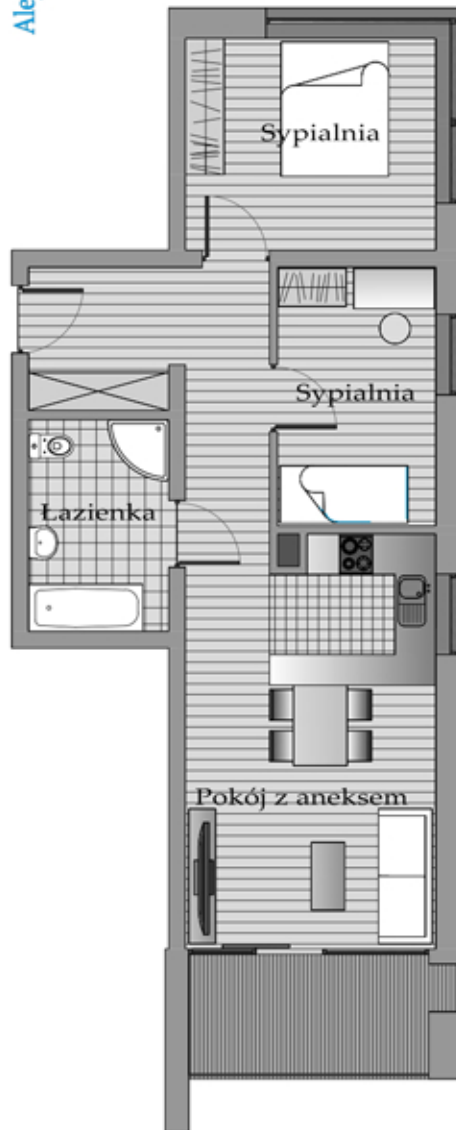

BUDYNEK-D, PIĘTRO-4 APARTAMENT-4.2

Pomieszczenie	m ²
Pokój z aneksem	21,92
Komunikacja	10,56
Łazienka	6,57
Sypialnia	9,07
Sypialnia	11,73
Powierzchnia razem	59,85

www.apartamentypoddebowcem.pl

■ ■ ■ ■

> [ACTION ITEM]: Output all the material verbatim, skipping every image.

> [ANSWER TO THE EXERCISE]:
BUDYNEK-D, PIĘTRO-4 APARTAMENT-4.2

Pomieszczenie	m ²
Pokój z aneksem	21,92
Komunikacja	10,56
Łazienka	6,57
Sypialnia	9,07
Sypialnia	11,73
Powierzchnia razem	59,85

www.apartamentypoddebowcem.pl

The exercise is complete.